From cosine theorem: △ABC, | AC | 2 = 4 2+6 2-2 * 4 * 6 * COSB.
△ In △ACD,| AC | 2 = 4 ^ 2+2 ^ 2-2 * 4 * 2 *( 180-b)。
Combining the above two formulas, we can get B = 60, so D = 120, | AC | = 2 √ 7.
△ ABC = | AB | *| BC | SINB/2 = (4 * 6 * SIN60)/2 = 6 √ 3 area.

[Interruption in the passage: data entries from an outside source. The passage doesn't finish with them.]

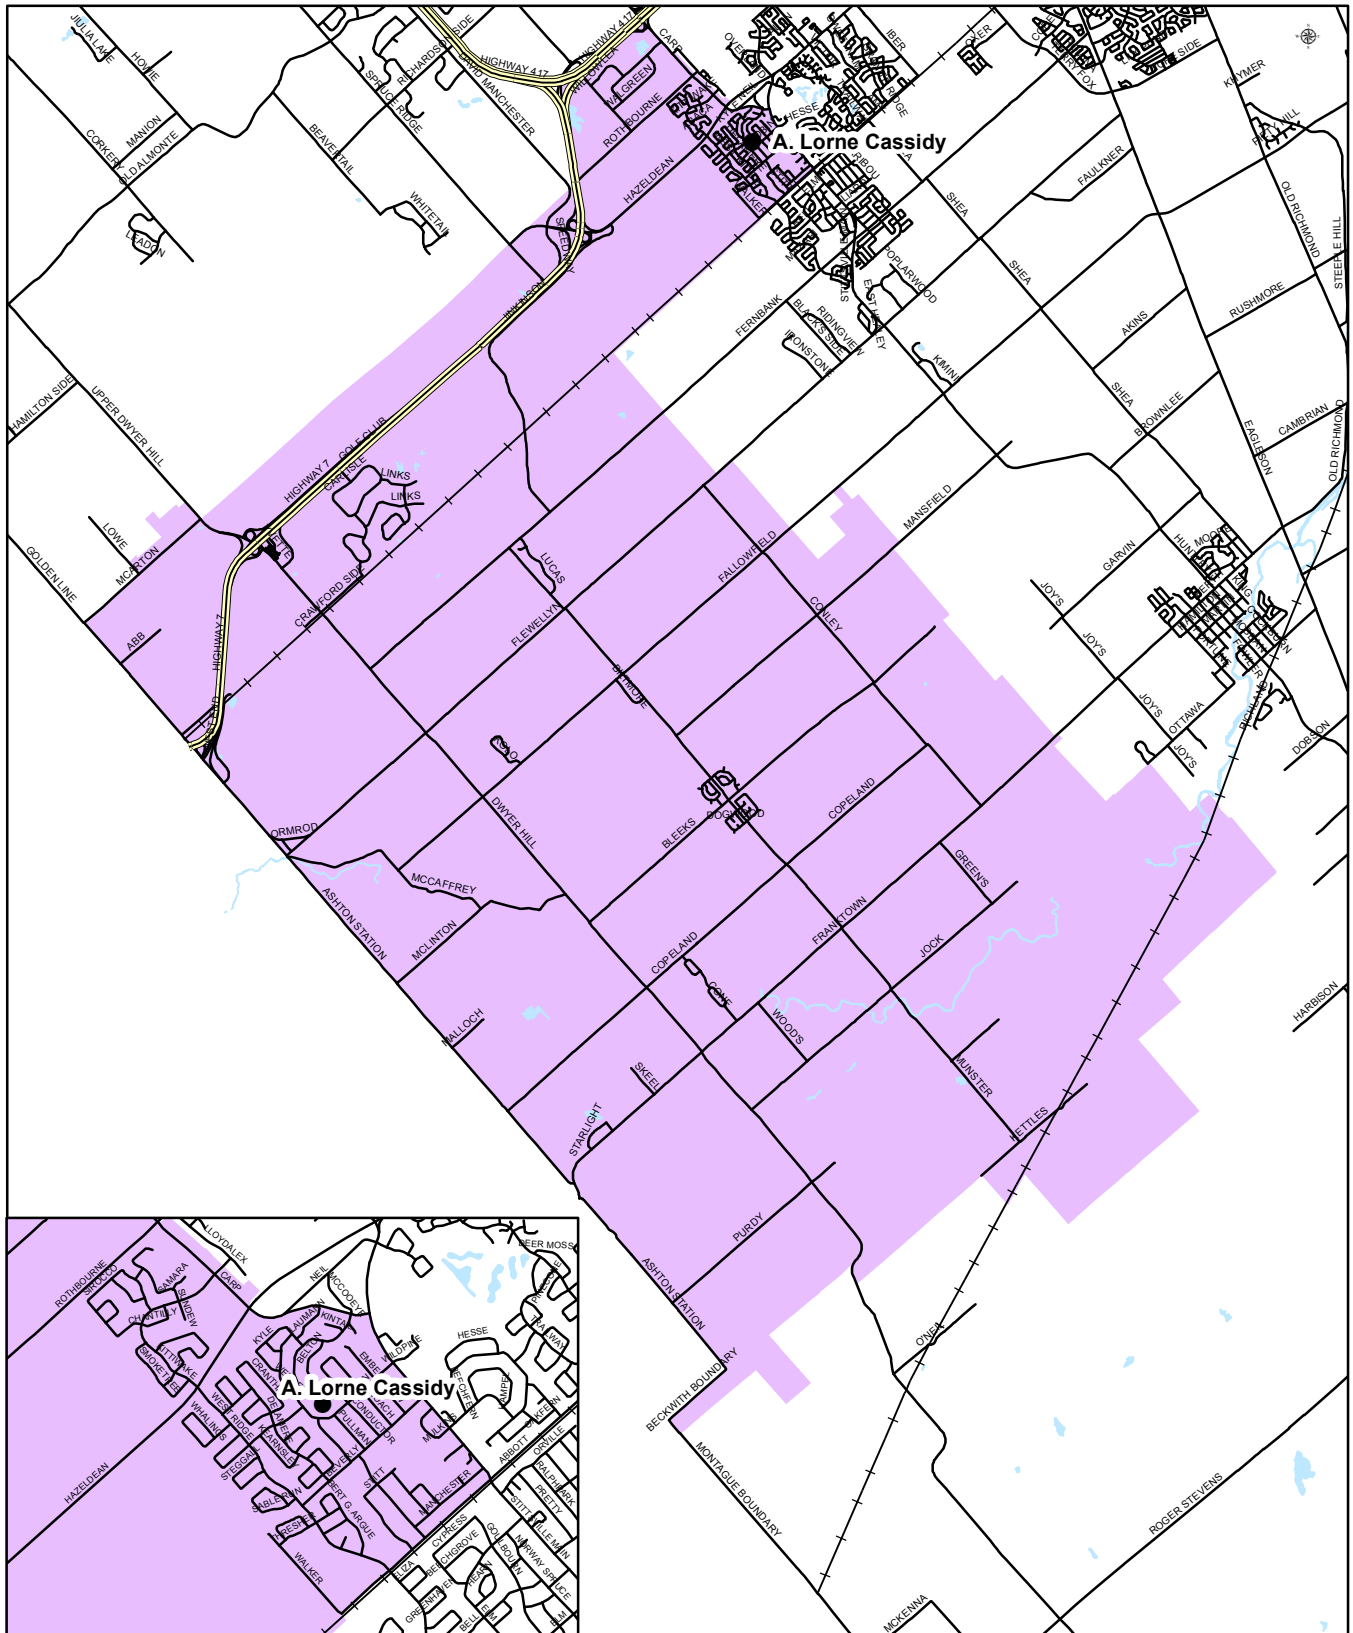

OTTAWA-CARLETON
DISTRICT SCHOOL BOARD

A.Lorne Cassidy Elementary School Junior Kindergarten to Grade 8 Early French Immersion Attendance Boundary

A.Lorne Cassidy Elementary School
27 Hobin Street
Stittsville, Ontario
K2S 1G8
(613) 831-3434

Map is for illustrative purposes only.
For further information, visit www.ocdsb.ca
September 2013

Similarly, the area of delta △ACD =2√3.
Then the area of the quadrilateral ABCD =S△ABC+S△ACD=8√3.
2) In △ABC, the sine theorem is |AC|/sinB=2R, so the radius of the circumscribed circle of the quadrilateral is R=2√2 1/3.
3) Connect AC, the area of quadrilateral APCD =S△APC+S△ACD, and the area of △ACD is a fixed value of 2√3.
In order to maximize the area of △APC and AC to a constant value, it is necessary to maximize the height, that is, the distance from point P to AC is maximized.
At this time, point P is the midpoint of the arc ABC, and PA=PC. Since ∠ P = 60, δ△APC is positive δ.
The area is 7√3. At this time, the area of quadrangle APCD is the largest, which is 9√3.